WORK INSTRUCTIONS:
Filter these entries down to lines holding "ILYAD".
*****
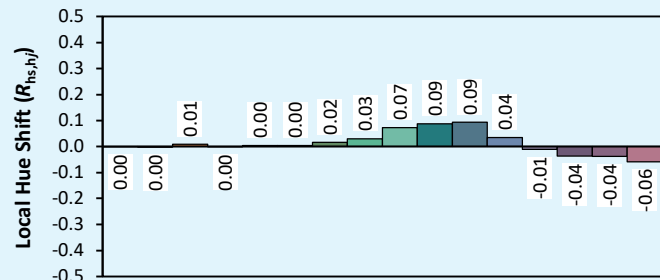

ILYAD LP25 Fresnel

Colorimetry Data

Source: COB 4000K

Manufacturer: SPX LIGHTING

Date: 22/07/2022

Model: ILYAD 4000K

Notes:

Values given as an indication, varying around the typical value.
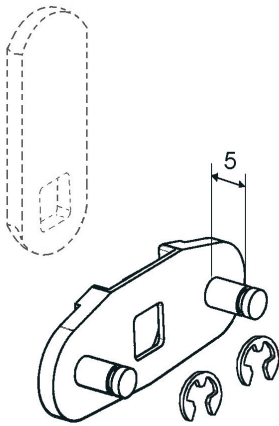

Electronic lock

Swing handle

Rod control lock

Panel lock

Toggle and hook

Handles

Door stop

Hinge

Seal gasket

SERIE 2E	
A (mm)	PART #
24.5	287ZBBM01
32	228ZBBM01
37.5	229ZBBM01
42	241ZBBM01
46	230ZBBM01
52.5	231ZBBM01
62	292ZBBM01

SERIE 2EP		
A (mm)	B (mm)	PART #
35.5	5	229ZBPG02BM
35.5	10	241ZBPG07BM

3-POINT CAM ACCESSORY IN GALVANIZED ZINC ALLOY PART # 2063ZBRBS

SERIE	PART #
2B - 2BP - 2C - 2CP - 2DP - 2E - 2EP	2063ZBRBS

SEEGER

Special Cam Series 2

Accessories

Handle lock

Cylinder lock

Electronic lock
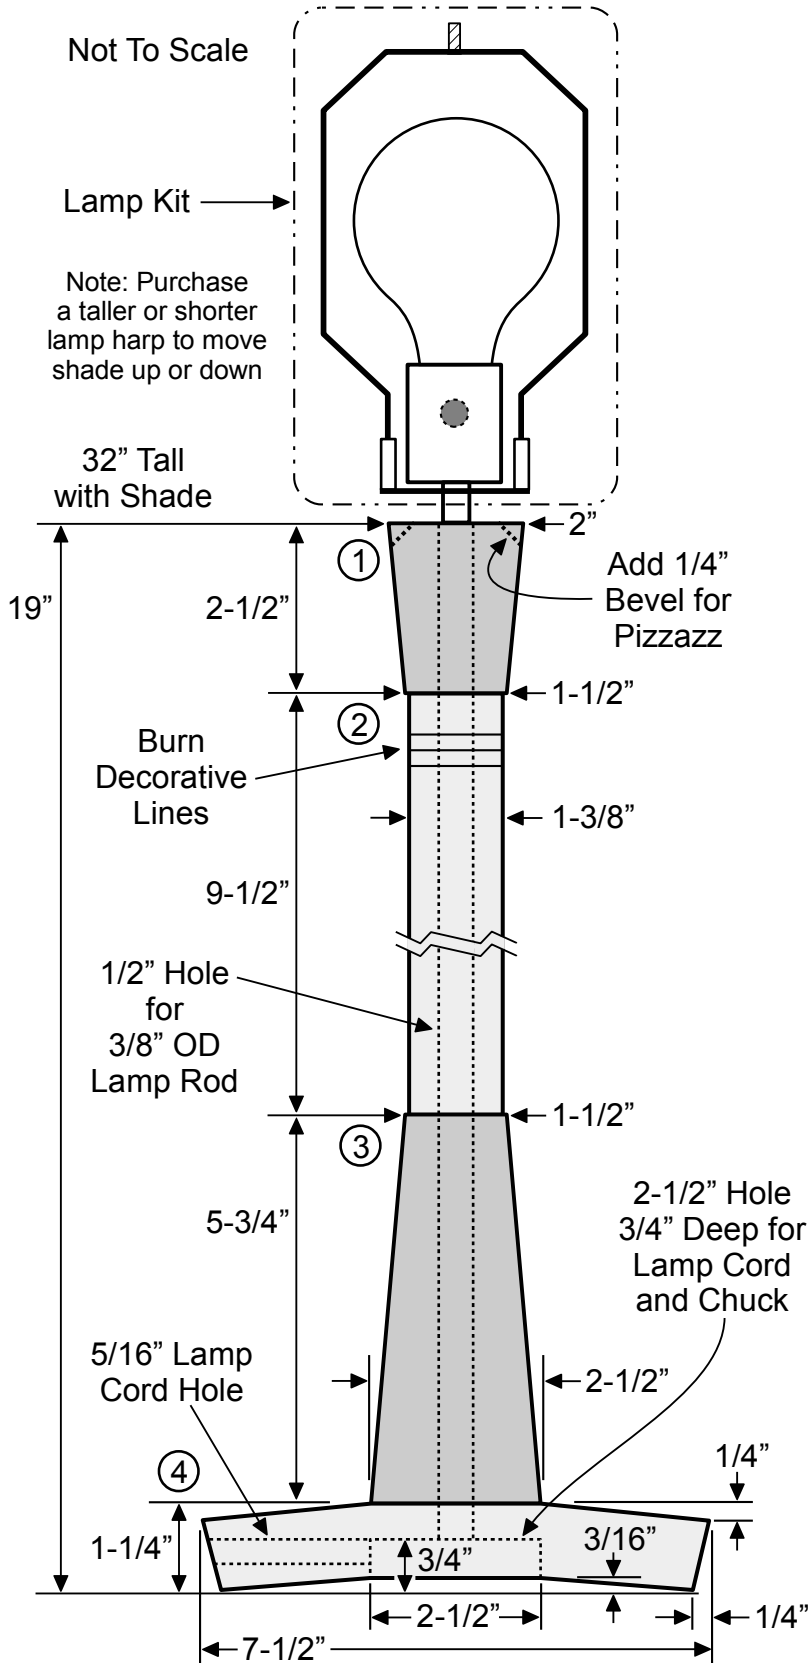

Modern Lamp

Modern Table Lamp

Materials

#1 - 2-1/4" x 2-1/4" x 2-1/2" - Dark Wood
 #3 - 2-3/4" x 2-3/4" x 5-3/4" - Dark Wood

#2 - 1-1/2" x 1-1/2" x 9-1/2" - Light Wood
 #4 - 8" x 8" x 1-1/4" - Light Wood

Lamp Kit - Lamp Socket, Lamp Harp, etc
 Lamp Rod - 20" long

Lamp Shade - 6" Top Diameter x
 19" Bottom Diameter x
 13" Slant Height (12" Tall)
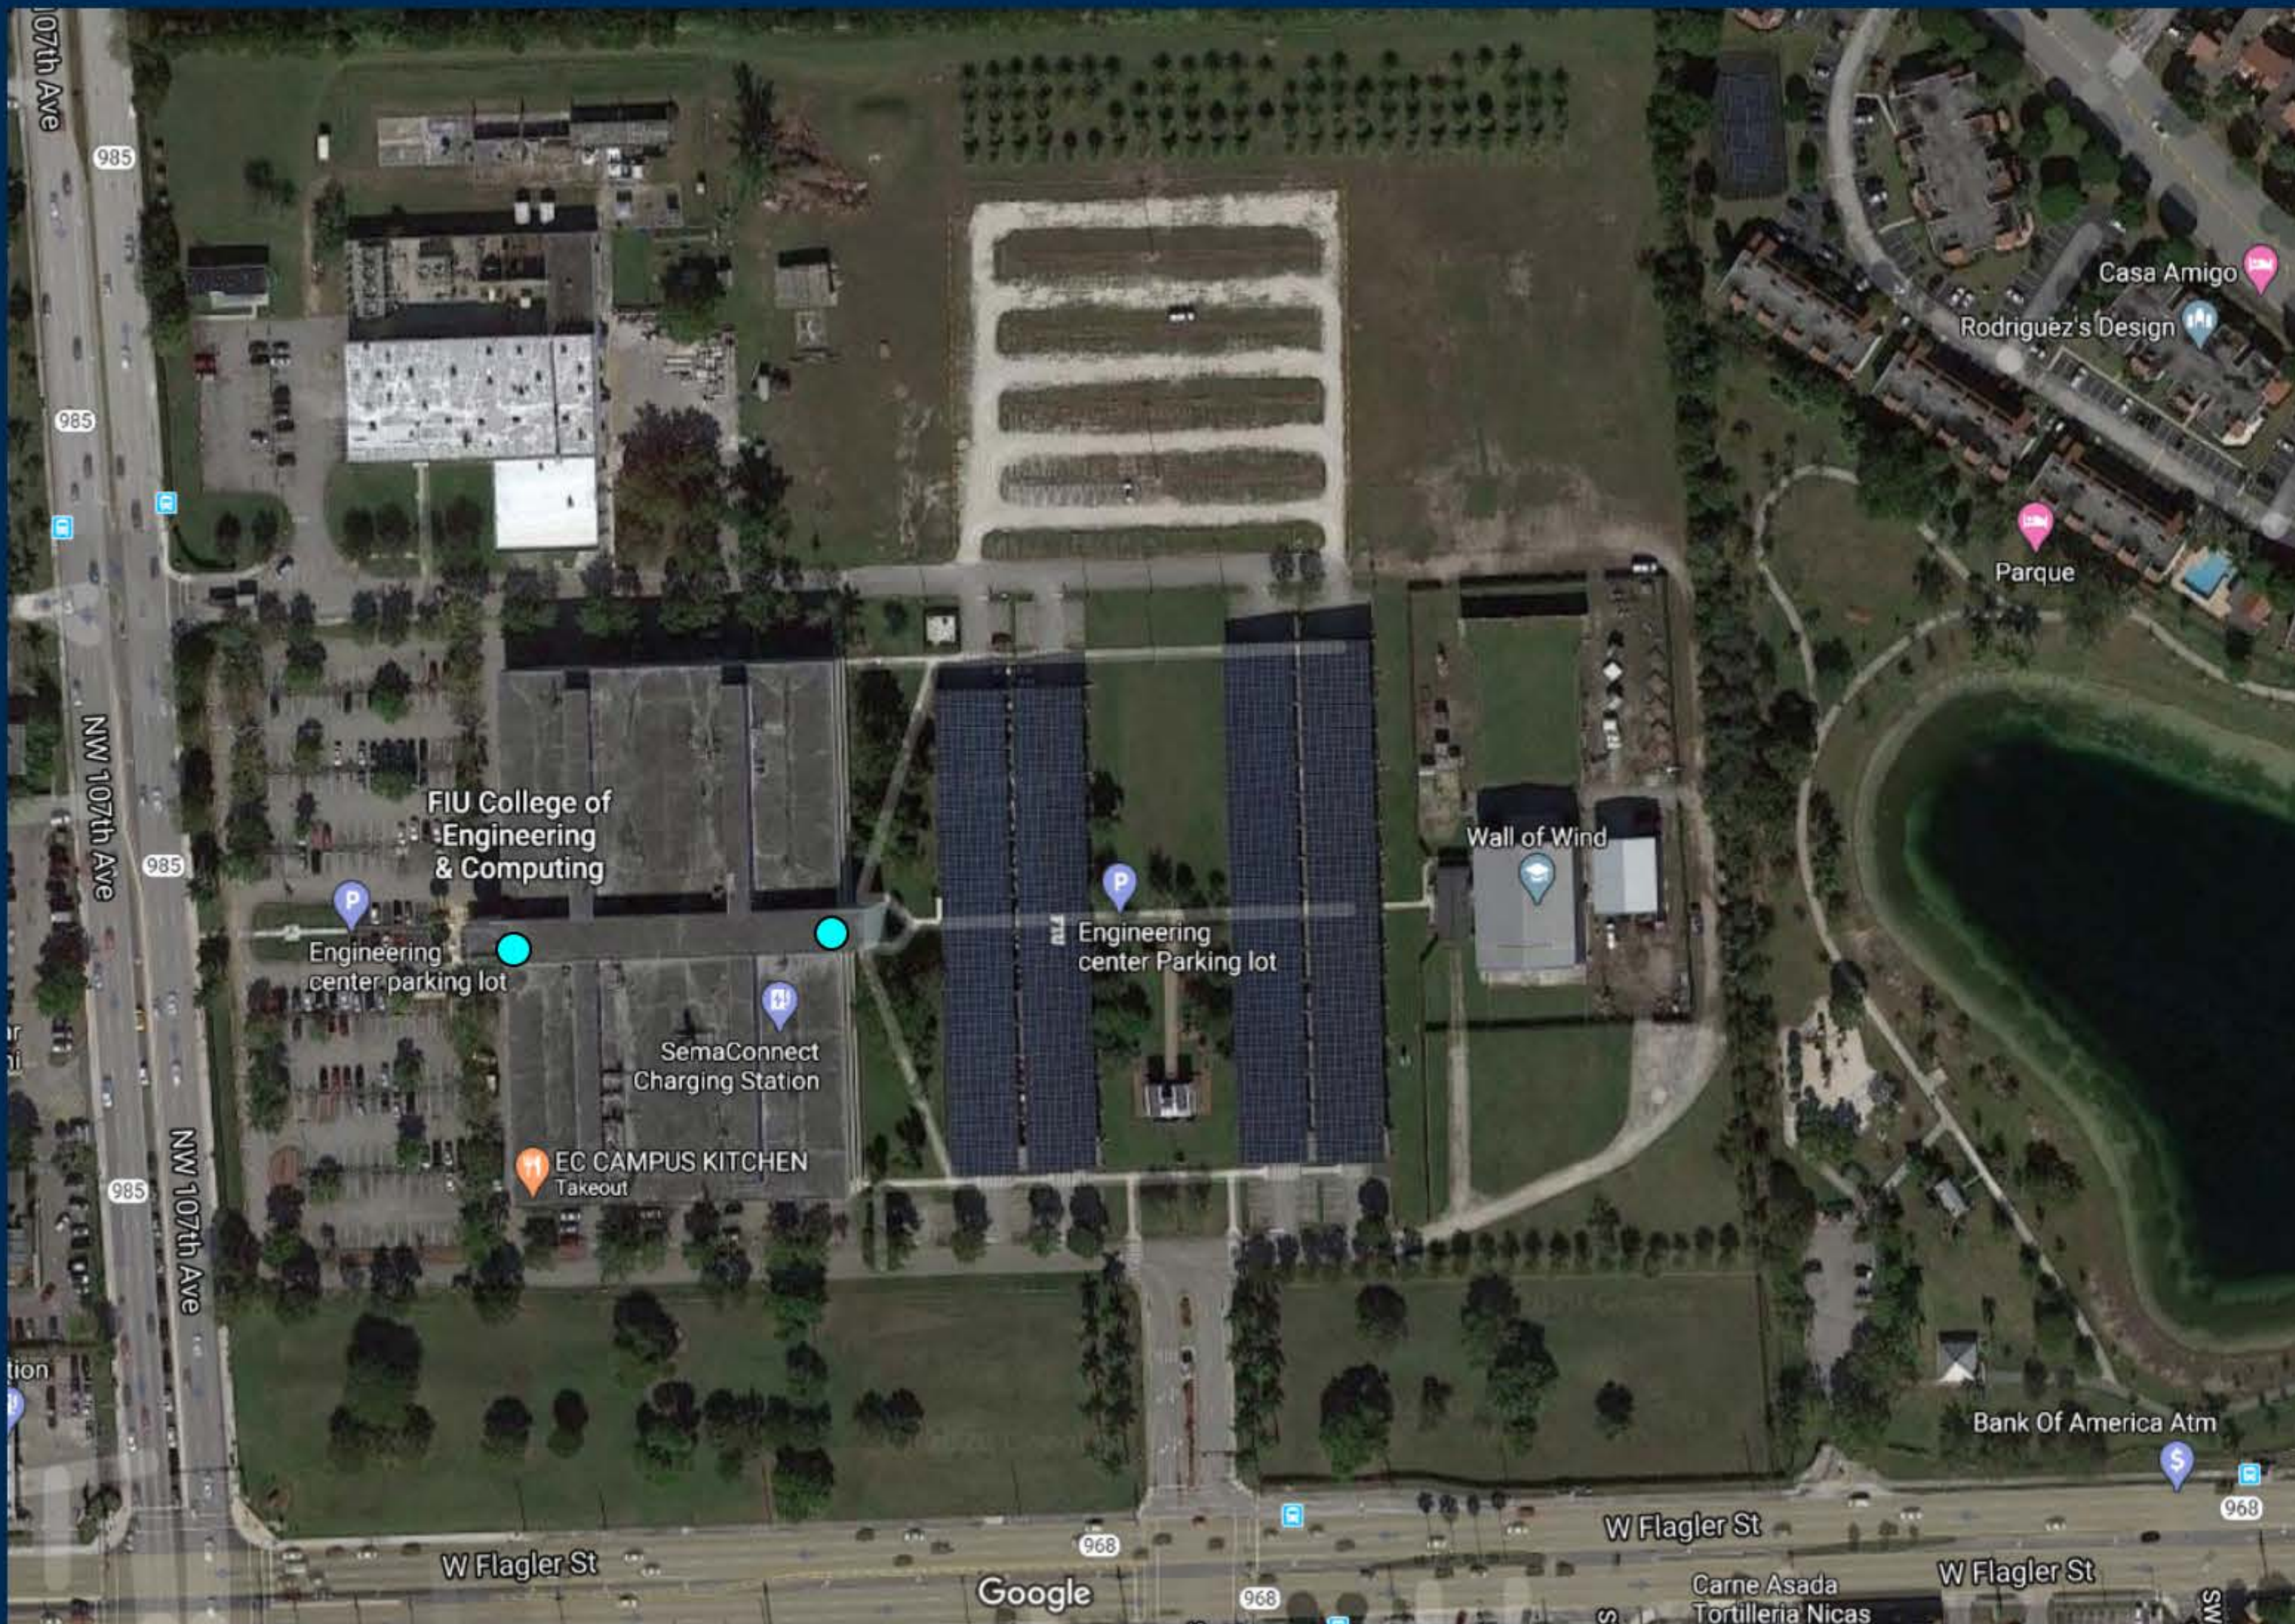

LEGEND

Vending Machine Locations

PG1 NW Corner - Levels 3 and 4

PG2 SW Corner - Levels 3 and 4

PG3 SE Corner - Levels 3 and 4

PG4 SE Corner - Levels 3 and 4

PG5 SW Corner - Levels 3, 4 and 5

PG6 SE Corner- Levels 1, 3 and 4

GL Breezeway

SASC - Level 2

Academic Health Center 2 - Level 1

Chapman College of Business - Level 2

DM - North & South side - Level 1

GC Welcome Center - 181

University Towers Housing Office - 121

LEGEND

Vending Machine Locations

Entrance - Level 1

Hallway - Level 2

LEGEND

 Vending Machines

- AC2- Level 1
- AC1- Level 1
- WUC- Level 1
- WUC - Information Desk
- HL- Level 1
*****
WRITTEN ANSWER:
ILYAD LP25 Fresnel
Model: ILYAD 4000K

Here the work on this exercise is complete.